With that explosion came the possibility of nuclear war. People were already preparing to develop nuclear strategy, having cut their strategic teeth on developing bombing plans for the Army Air Corps, which would become the Air Force in 1947. I plan to write about that history in the next posts.
Most of the history I’ll cite comes from Fred Kaplan’s The Wizards of Armageddon. My purpose in this series of posts is to open up discussion of ways of seeing nuclear weapons that don’t stem from the origin story of Oppenheimer and the Manhattan Project. If we can see nuclear strategies in different light, we may find ways to move away from our current “scorpions in a bottle” world, which is a phrase Oppenheimer used.
We need ways of thinking about nuclear weapons that are outside that bottle. I don’t have a comprehensive solution. There is a lively community of younger nuclear thinkers who have grown up in a different world and thus are better equipped than I am to think outside the bottle. I hope to supply some impetus to their thinking.
The previous posts in this series –
deal with history that contains stories that are more relevant to our time than the story of the Manhattan Project. The successful struggle for civilian control over nuclear weapons. Scientists banding together for a goal. As I start writing about the development of nuclear strategy, though, the task is to cut through unhelpful ideas that have grown up. Many of the traditional ideas are wrong or no longer relevant. The world has changed since the 1950s.

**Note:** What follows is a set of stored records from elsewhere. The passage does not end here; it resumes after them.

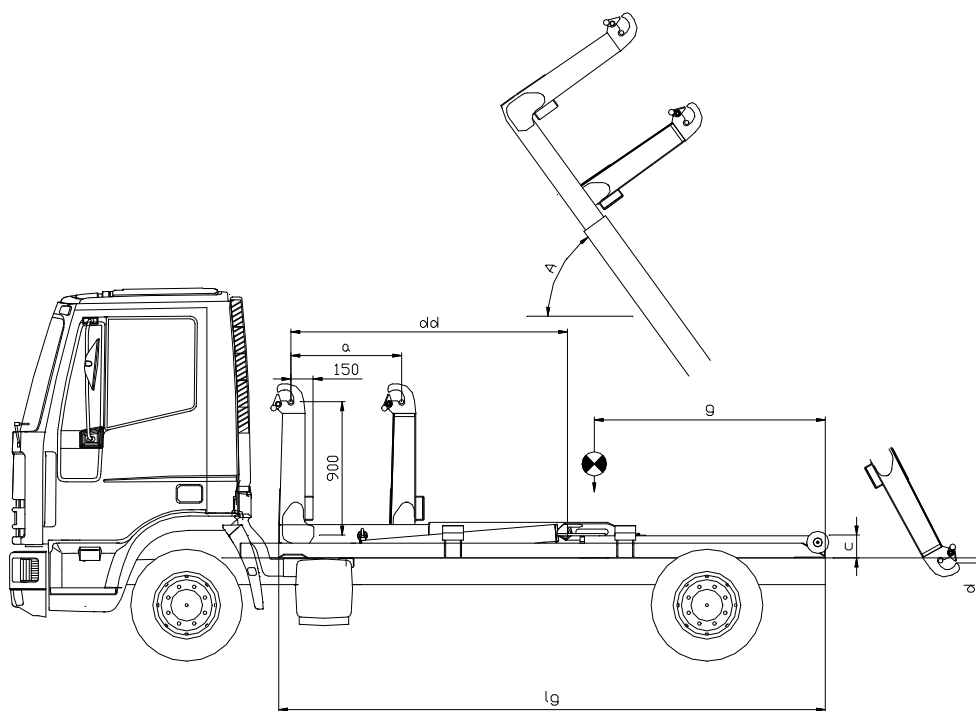

01-06-2007

HSC-3

Length	Stroke	Length bin
lg	a	l
2900	350	3000
3150	600	3000-3500
3400	600	3000-3750

The constructor has the right to make modifications without prior notice

A word that will come up repeatedly is “deterrence.” It’s been badly misused. I suggest that we put it in cold storage for a couple of years, so that we can discuss what we mean, rather than slap the token down on the table for an attempt at a quick win. The word will continue to be used, of course, because entire wings of the military depend on that token for their existence, and others have become accustomed to it.
Notice anything in particular about those photos? Hm, yes, we’ll get to that later.

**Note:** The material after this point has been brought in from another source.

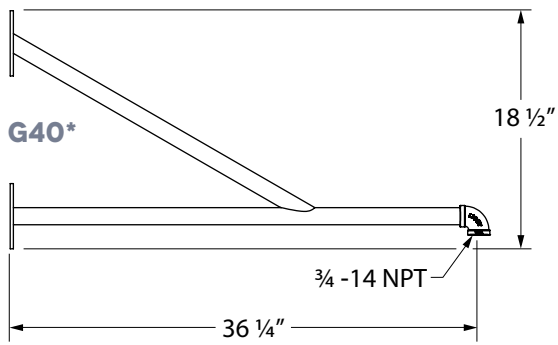

OPTIONAL MOUNTING ACCESSORIES

Please Note: Select gooseneck arms are not applicable with below accessories, reference website for additional information.

The basic idea of deterrence, as I understand it, is to convince the other side that attacking would cost them more than it would gain. Even this form has difficulties. Perhaps the other side doesn’t attack because they don’t want the damage a war would do to their economy and population. Perhaps what your side does to increase the costs is not what the other side perceives as increasing the costs. Perhaps the other side perceives the benefits to be much greater or less than you do.

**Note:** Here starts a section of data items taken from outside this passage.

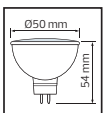

PLUS SERİSİ

F A G

Model	Kod	Watt	Fiyat	Koli İçi	Lümen	Işık Rengi
PLUS-6	001-002-0006	6 W	1,10 $	100	440 lm	4200K / 6400K
PLUS-8	001-002-0008	8 W	1,29 $	100	610 lm	4200K / 6400K
PLUS-10	001-002-0010	10 W	1,45 $	100	800 lm	4200K / 6400K

47,0x28,5x14,0	KG 4,0
57,0x28,5x14,0	KG 4,0
27,0x26,5x24,5	KG 5,0

CONVEX SERİSİ

F A G

Model	Kod	Watt	Fiyat	Koli İçi	Lümen	Işık Rengi
CONVEX-6	001-064-0006	6 W	1,33 $	100	480 lm	2700K/4200K/6400K
CONVEX-8	001-064-0008	8 W	1,47 $	100	740 lm	2700K/4200K/6400K
CONVEX-10	001-064-0010	10 W	1,65 $	100	820 lm	2700K/4200K/6400K

29,0x57,0x14,0	KG 4,0
29,0x57,0x14,0	KG 4,0
29,0x57,0x14,0	KG 4,0

LENSLİ

DİMLİ

VISION

G A G

Model	Kod	Watt	Fiyat	Koli İçi	Lümen	Işık Rengi
VISION-6	001-022-0006	6 W	2,90 $	100	390 lm	4200K / 6400K

29,0x57,0x14,0	KG 5,0

LENSLİ

FONIX SERİSİ

F A G

Model	Kod	Watt	Fiyat	Koli İçi	Lümen	Işık Rengi
FONIX-6	001-001-0006	6 W	1,10 $	100	440 lm	4200K / 6400K
FONIX-8	001-001-0008	8 W	1,29 $	100	610 lm	4200K / 6400K

27,0x52,5x13,5	KG 3,3
27,0x52,5x13,5	KG 3,3

Successful deterrence means that an attack does not occur. But that outcome can never confidently be ascribed to any particular measures. A negative outcome – when something doesn’t happen – is always subject to question.
More abstractly, is deterrence actually compellance? Here we get into the very technical vocabulary and hair-splitting that is often used to gatekeep the discussion. If you terrify the other side into compliance, is that compellance or deterrence? Can a line be drawn between the two?
Sometimes deterrence is made into something concrete. Thus the nuclear arsenal becomes “the deterrent.” Presumably this means that that part of the defense (offense?) is the primary reason the other side doesn’t attack. Reread the third paragraph back. That abstraction of the nuclear arsenal, or perhaps concretization of “deterrence,” is useful for the military. In Congressional budget hearings, a bid for a higher budget can be posed in terms of making the deterrent more effective by making more nuclear weapons.
So I will attack the use of that word. Be deterred from using it.